Recent innovations in oncological therapy have given rise to a novel class of treatments explicitly designed to target cancer stem cells (CSCs). CSCs are distinguishable from non-CSCs and bulk tumor cells by virtue of their unique molecular profiles. To address this differentiation, high-throughput screening methodologies have been utilized to discover small molecules that are capable of selectively targeting and diminishing CSC populations [374]. This strategy is particularly vital for the management of malignancies that are resistant to conventional treatment modalities and underscores the dynamic evolution of cancer therapy paradigms. As research advances, a deeper comprehension of CSC biology and interactions with therapeutic agents will be imperative for formulating more effective and targeted oncological therapies.

As a result, various therapeutic approaches have been developed for targeting cancer stem cells (CSCs). These approaches include targeting intracellular signaling pathways related to CSC functions [57], using aptamers as targeting ligands for CSC-specific therapies [59], and inhibiting CSCs through monoclonal antibodies, signaling pathway inhibitors, and energy metabolism enzymes inhibitors, induce differentiation therapy [375], and utilize natural products (NPs) and NP-based nanoformulations (NPNs) to target and inhibit CSCs [60]. The further development of multifunctional aptamer-based therapeutic strategies has shown promising results in recent years [59]. Additionally, immunotherapy with immune cells engineered with a chimeric antigen receptor (CAR) has demonstrated favorable outcomes in CSC therapy [376]. However, challenges such as pharmacokinetic defects and off-target effects need to be addressed for effective clinical translation of these approaches [377]. Overall, targeting CSCs through these therapeutic strategies holds great potential for comprehensive cancer therapy in the future.

In fact, targeting cancer stem cells (CSCs) is a promising approach for comprehensive cancer therapy. Several therapeutic approaches have been developed to eliminate CSCs and reduce cancer recurrence. Natural products (NPs) derived from various sources have shown significant antitumor effects and have been shown to target and inhibit CSCs [57, 378, 379]. These NPs can inhibit crucial signaling pathways involved in the maintenance of CSC stemness and sensitize CSCs to standard chemotherapeutic treatments [60]. Additionally, NP-based nanoformulations (NPNs) have been developed to overcome the pharmacokinetic limitations of NPs and improve their targeting capabilities [60]. These NPNs have the potential to deliver NPs specifically to CSCs, increasing their efficacy in eliminating CSCs and reducing cancer recurrence [60]. Furthermore, bispecific chemically self-assembled nanorings (CSANs) have been developed to selectively target CSCs and bulk tumor cells simultaneously, resulting in synergistic effects and complete tumor eradication [379]. These findings suggest that therapeutic approaches targeting CSCs, such as blocking signaling pathways and using NPs or NPNs, can be effective in eliminating CSCs and reducing cancer recurrence.

Current approaches to understanding the mechanisms of drug resistance in mammalian cancer stem cells and their impact on cancer recurrence involve studying genetic alterations such as point mutations and gene amplification [380].
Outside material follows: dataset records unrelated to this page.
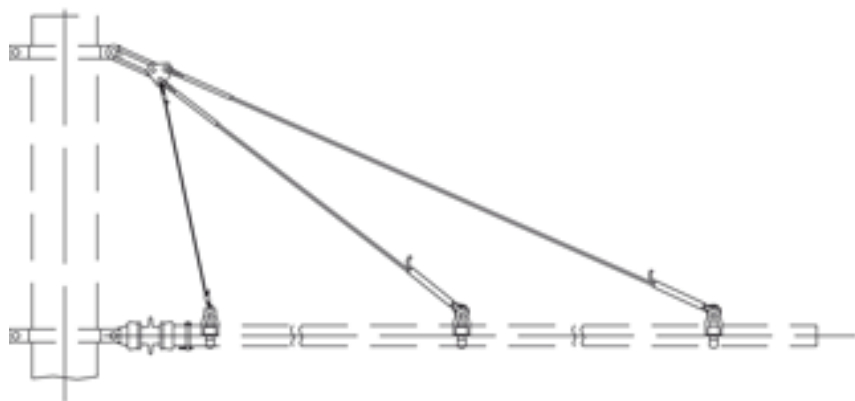

Hauban double, avec isolation, sur mâts ronds, sur console G2", avec câble en acier 35 mm² galv., avec boucle isolante

Référence 120071

Spécification

Tension de service: max. 1500 V C.C.

Remarques

- Pour système ARCAS
- Matériel de fixation pour mâts ronds commander séparément
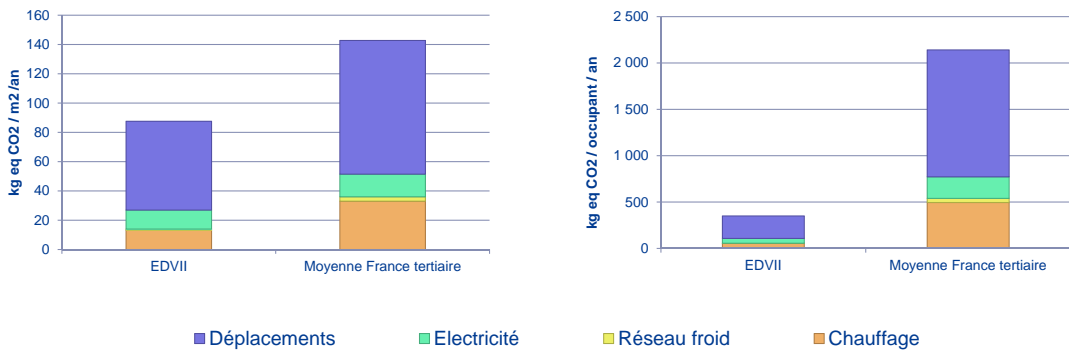

FICHES IDENTITES
CARBONE SFL
2015

Scope : 11 immeubles (cf rapport RSE 2015 – 5.2 Périmètre et méthodologie de reporting)

Analyse Carbone

Analyse Comparée

Marges de progrès

- 1 Compteur PC & PP audités
- 2 Compteur PC & PP
- 3 Compteur PC, PP extrapolé
- 4 Compteur Immeuble
- 5 Compteur PC
- 6 Données incomplètes
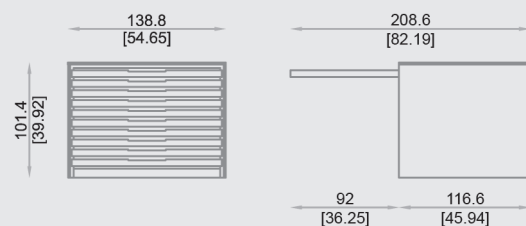

H Q 1 0 G 1 2 5 X 9 2

Cassettiera in metallo con rivestimento in legno composta di 10 cassetti in metallo per allestire 10 pannelli 125x92X1 cm. Struttura da fissare a terra o a parete.

Metal display unit with wooden covering with 10 metal drawers to set up 10 panels 125x92x1 cm. The structure must be fixed to the wall or to the floor.

Bodenschrank aus Metall mit Holzverkleidungen mit 10 Metallauszügen zur Aufnahme von 10 Tafeln 125x92 cm. Befestigung an boden oder wand erforderlich.

Présentoir en métal recouvert en bois, avec 10 tiroirs métalliques pour 10 panneaux 125x92x1 cm. La structure doit être fixée au sol ou au mur.

Expositor de metal con revestimiento de madera con 10 cajones para exponer 10 paneles 125x92x1 cm. El expositor debe ser fijo al piso o al muro.

125 cm
49.25 inch

FREE

CLASSIC

LIGHT

D-LINE

XL

STONE

To address the intricate challenge of drug resistance in mammalian cancer stem cells (CSCs), investigators are concentrating on the genetic modifications that contribute to this phenomenon. Significant alterations currently under scrutiny include point mutations and gene amplifications, which are pivotal in facilitating drug resistance and the ensuing recurrence of cancer [380]. Sophisticated methodologies, such as stochastic multitype branching process models, are utilized to investigate the dynamics associated with tumor recurrence. These models assist in estimating the probabilities of tumor extinction and offer valuable insights into the temporal aspects of potential recurrences [102, 207]. By simulating a range of scenarios, researchers are able to ascertain how genetic modifications affect tumor behavior over time. A fundamental component of this research involves elucidating the relative influence of various genetic alterations on drug resistance. In particular, the ratio of recurrence intervals attributed to gene amplification in comparison to point mutations is of significant interest. This ratio is contingent upon the quantity of amplification events necessary to attain an equivalent level of resistance as that conferred by a single mutation event. The linear correlation between amplification events and mutation events underscores the disparate contributions of these genetic mechanisms to drug resistance and the relapse of cancer [381].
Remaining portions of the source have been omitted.